Media Indonesia – Kolom Pakar, Senin 02 Oktober 2017
Rupiah dalam sepekan terakhir melemah cukup signifikan, dari Rp 13.300 menjadi Rp 13.450 per dollar AS. Penyebab utamanya lebih ke faktor eksternal, namun diduga kuat kebijakan penurunan suku bunga di Indonesia yang dilakukan pada momentum yang sama, bisa jadi ikut berperan. Apakah pelemahan rupiah ini merupakan respons sesaat ataukah merupakan tren jangka panjang ?
Penguatan dollar AS sesungguhnya terjadi tidak hanya terhadap rupiah, namun juga terhadap mata uang seluruh dunia, terutama tiga mata uang kuat dunia (hard currencies), yakni euro, yen dan pound sterling. Ada dua alasan utamanya.
The Fed Melepas Surat Berharga
Pertama, The Fed (bank sentral AS) telah memberi isyarat untuk menurunkan “keseimbangan” (balance) moneternya, yang kini mencapai USD 4,5 triliun. Seperti diketahui, sesudah perekonomiannya terkena krisis besar subprime mortgage pada 2008−2009, The Fed segera memberlakukan kebijakan quantitative easing (QE) selama tiga tahap hingga 2013. Intinya, The Fed di bawah Ben S. Bernanke mencetak uang (printing money) yang dananya digunakan untuk membeli surat berharga pemerintah AS (US Treasury bills dan US Treasury bonds).
Tujuan kebijakan ini adalah menghindari jatuhnya harga surat berharga pemerintah, karena terjadi aksi jual masif.
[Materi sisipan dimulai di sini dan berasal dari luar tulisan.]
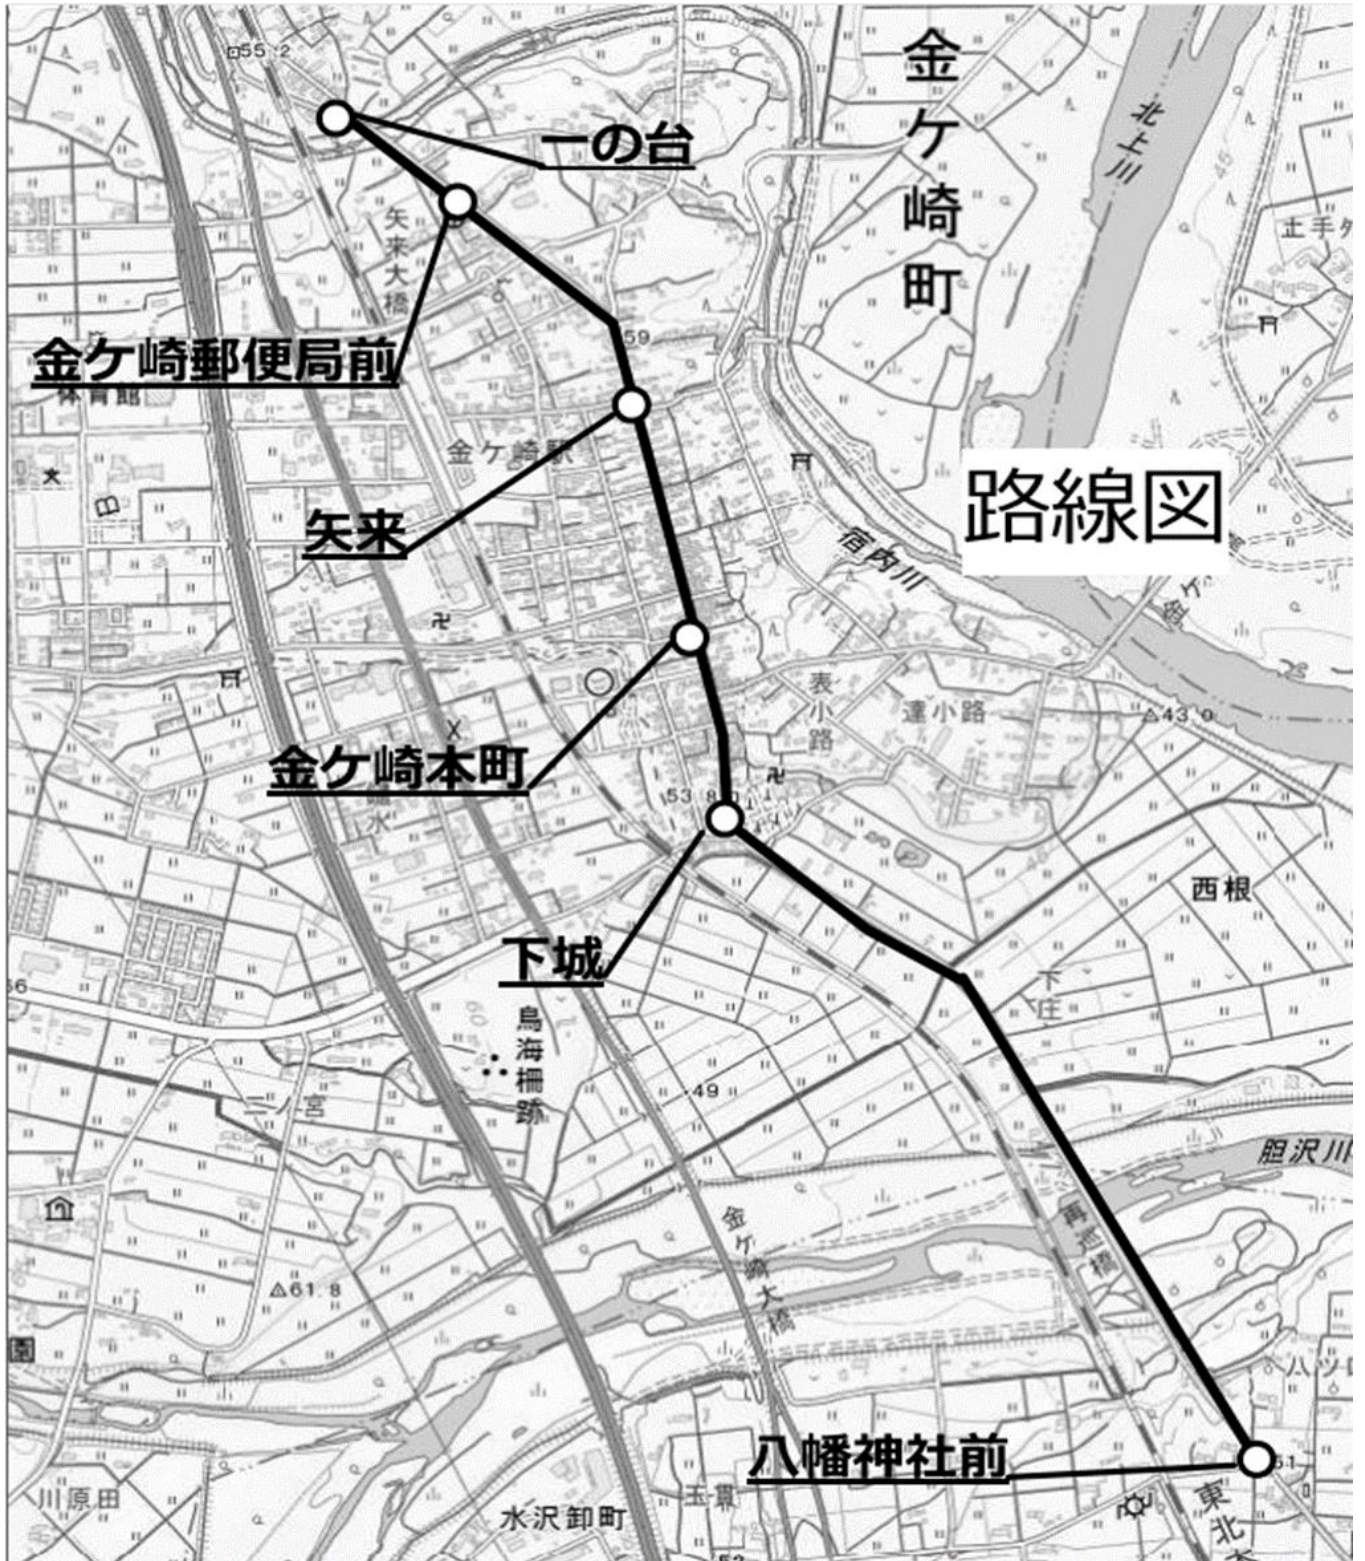

一の台

金ヶ崎町

金ヶ崎郵便局前

路線図

矢来

金ヶ崎本町

下城

八幡神社前

Ketika banyak orang ingin menjual surat berharga, sementara pembelinya tidak ada, kejatuhan harga akan sangat berbahaya bagi kondisi pasar modal dunia. Krisis ekonomi akan semakin dalam dan tak terkendali.
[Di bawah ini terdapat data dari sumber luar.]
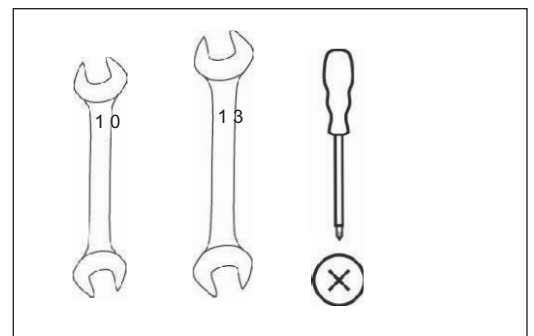

HU Szerelési útmutató

RU Инструкции по сборке

FR Les instructions d'assemblage

TR Montaj talimatları

- D** Kopfteil und Fuss ist nur ein Musterbeispiel
- GB** Headboard and Feet is a perfect example
- NL** Headboard+fusen is een perfect voorbeeld
- RU** Голова только модель
- RO** Capul este doar un model
- PL** Szeł jest tylko modelem
- IT** La testa è solo un modello
- FR** Head est seulement un modèle
- SK** Hlava je len model
- CZ** Hlava je jen model
- HU** Fej csak egy modell
- TR** Kafa sadece bir model

A

„Musterbeispiel Fuss“

- 8 Stück
- 8 Piece
- 8 Stuk
- 8 штука
- 8 Bucată
- 8 Kawalek
- 8 Pezzo
- 8 Kus
- 8 Darab
- 8 Parça

B

- 2 Stück
- 2 Piece
- 2 Stuk
- 2 штука
- 2 Bucată
- 2 Kawalek
- 2 Pezzo
- 2 Kus
- 2 Darab
- 2 Parça

C

M 8 x 4 0

- 2 Stück
- 2 Piece
- 2 Stuk
- 2 штука
- 2 Bucată
- 2 Kawalek
- 2 Pezzo
- 2 Kus
- 2 Darab
- 2 Parça

D

- 2 Stück
- 2 Piece
- 2 Stuk
- 2 штука
- 2 Bucată
- 2 Kawalek
- 2 Pezzo
- 2 Kus
- 2 Darab
- 2 Parça

E

- 2 Stück
- 2 Piece
- 2 Stuk
- 2 штука
- 2 Bucată
- 2 Kawalek
- 2 Pezzo
- 2 Kus
- 2 Darab
- 2 Parça

F

4, 5 x 3 0

- 8 Stück
- 8 Piece
- 8 Stuk
- 8 штука
- 8 Bucată
- 8 Kawalek
- 8 Pezzo
- 8 Kus
- 8 Darab
- 8 Parça

Pada periode ini (2009-2013), jumlah peredaran dollar AS meningkat dengan USD 4,5 triliun, atau setara dengan 25 persen terhadap Produk Domestik Bruto. Dana sebesar itu kemudian beredar ke seluruh dunia, terutama ke negara-negara emerging markets, terutama China yang menikmati rekor cadangan devisa terbesar di dunia hingga USD 4 triliun. Kebijakan QE ini mengiringi kebijakan relaksasi moneter, yakni menurunkan suku bunga secara bertahap hingga level terendah 0,25 persen.
Uniknya, kebijakan pencetakan uang ini ternyata tidak menimbulkan inflasi yang berlebihan di AS. Inflasi tertinggi “hanya” mencapai 3,8-3,9 persen pada Agustus 2011, di mana pada saat yang sama kurs dollar AS mencapai titik terendah. Sebalilnya bagi Indonesia, pada saat itu rupiah mengalami kurs terkuat pada level Rp 8.600 per dollar AS. Pada saat dollar AS melemah itulah, pelan-pelan perekonomian AS menikmati dampak positifnya: daya saingnya membaik. Perekonomian AS pun pelan-pelan membaik, kembali ke jalur yang benar.
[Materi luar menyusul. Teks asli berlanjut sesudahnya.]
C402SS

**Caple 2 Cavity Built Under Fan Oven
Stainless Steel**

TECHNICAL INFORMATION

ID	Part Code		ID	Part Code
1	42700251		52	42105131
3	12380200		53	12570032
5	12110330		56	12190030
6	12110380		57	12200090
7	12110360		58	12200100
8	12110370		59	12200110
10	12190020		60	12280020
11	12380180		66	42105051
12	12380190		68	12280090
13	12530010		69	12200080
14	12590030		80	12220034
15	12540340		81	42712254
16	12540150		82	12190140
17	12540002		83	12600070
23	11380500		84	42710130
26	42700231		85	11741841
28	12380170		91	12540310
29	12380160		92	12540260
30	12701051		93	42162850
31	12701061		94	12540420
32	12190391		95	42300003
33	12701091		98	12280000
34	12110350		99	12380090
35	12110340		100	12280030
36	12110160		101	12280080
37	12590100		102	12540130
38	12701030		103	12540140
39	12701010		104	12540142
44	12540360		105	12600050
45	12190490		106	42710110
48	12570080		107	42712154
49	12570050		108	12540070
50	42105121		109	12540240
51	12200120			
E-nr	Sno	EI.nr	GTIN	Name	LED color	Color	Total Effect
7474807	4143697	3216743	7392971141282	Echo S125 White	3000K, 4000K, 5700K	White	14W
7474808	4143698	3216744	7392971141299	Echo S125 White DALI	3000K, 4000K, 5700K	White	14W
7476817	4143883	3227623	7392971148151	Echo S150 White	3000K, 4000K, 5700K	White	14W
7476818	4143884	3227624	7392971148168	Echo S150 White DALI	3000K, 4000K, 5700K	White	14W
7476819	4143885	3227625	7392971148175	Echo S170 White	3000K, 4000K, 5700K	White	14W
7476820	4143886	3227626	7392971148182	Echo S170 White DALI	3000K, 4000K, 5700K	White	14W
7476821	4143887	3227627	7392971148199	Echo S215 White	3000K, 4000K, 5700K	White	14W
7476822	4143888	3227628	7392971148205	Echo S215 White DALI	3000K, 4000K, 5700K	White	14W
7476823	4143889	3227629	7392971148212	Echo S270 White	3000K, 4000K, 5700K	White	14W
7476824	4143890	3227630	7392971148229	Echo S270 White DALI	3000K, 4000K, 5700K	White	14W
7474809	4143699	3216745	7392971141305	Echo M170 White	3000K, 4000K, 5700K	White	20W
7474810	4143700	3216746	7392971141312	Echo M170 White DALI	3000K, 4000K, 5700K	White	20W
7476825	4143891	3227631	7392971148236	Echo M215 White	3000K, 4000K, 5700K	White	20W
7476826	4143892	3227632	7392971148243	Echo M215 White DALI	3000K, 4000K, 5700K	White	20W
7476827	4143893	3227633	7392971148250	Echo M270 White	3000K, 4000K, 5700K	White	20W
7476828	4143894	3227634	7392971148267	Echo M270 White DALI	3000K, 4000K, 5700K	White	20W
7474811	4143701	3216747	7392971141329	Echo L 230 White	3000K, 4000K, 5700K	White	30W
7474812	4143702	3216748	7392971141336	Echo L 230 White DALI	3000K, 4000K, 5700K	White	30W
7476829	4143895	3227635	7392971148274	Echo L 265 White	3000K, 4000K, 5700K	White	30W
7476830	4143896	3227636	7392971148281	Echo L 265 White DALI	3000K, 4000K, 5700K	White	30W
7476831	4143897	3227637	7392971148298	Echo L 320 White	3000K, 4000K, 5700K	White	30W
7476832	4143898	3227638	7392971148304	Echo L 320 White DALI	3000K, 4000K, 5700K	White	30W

Seiring dengan membaiknya perekonomian AS sejak Mei 2013, maka kebijakan uang longgar pun (easy money) mulai dihentikan. Yang pertama mereka lalukan adalah menaikkan suku bunga secara bertahap. Dalam kondisi normal, suku bunga yang dianggap wajar adalah 2 persen. Saat ini, suku bunga acuan (Fed fund rate) sudah berada di sekitar 1 hingga 1,25 persen. Artinya, masih ada ruang untuk kembali menaikkan suku bunga tahun ini menjadi 1,5 persen, pada paling lambat Desember 2017.
Pasar pun menunggu, kebijakan satunya lagi: kapan The Fed mengoreksi kebijakan QE ? Dengan kata lain, kapan mereka melepas kembali surat-surat berharga pemerintah AS yang dibelinya selama periode QE, antara 2009 hingga 2013 ? Pada pekan lalu, The Fed pun mulai memberi indikasi ke sana. Mereka akan kembali melepas surat-surat berharga itu, sehingga diharapkan akan terjadi aliran dollar AS dari pasar menuju ke The Fed. Dengan kata lain, akan terjadi absorpsi likuiditas dollar AS dalam jumlah besar.
Indikasi ini semakin kuat tatkala kita melihat pergerakan harga saham di New York. Indeks harga Dow Jones terus melanjutkan tren menguat dan memecahkan rekor baru hingga 22.412 pada 20 September 2017. Ini level yang fantastis, dibandingkan dengan indeks sebelum krisis 2008 (17.000), saat krisis 2009 (9.000), dan menjelang Presiden Barack Obama digantikan Donald Trump (18.500). Sejak Trump menjadi Presiden, telah terjadi pemecahan 58 kali rekor indeks Dow Jones, hal yang belum pernah dialami oleh Presiden AS sebelumnya.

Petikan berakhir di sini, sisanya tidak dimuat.